Data records
┄┄┄┄┄┄┄┄┄┄┄┄┄┄┄┄┄┄┄┄

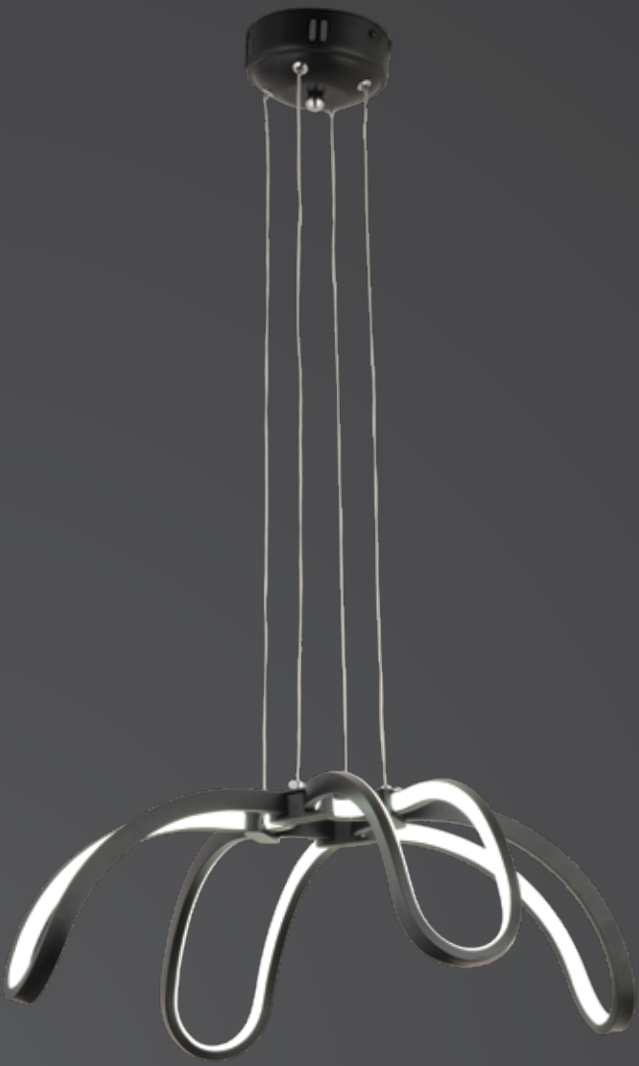

LED Renk / Color ● ○ ● Kaplamalı : Krom/Bakır/Altın/Saten/Eskitme/Platin - Boyalı : Beyaz/Siyah/Krem

1987-45

W: 45 H: 70

1987-60

W: 60 H: 80

1987-45

W: 45 H: 70

2'li SRL
3'lü SRL
4'lü SRL

┄┄┄┄┄┄┄┄┄┄┄┄┄┄┄┄┄┄┄┄

** ASSIGNMENT **
None of the pictures should be copied, but every record above must be returned exactly.

** SOLUTION TO THE PROBLEM **
LED Renk / Color ● ○ ● Kaplamalı : Krom/Bakır/Altın/Saten/Eskitme/Platin - Boyalı : Beyaz/Siyah/Krem

1987-45

W: 45 H: 70

1987-60

W: 60 H: 80

1987-45

W: 45 H: 70

2'li SRL
3'lü SRL
4'lü SRL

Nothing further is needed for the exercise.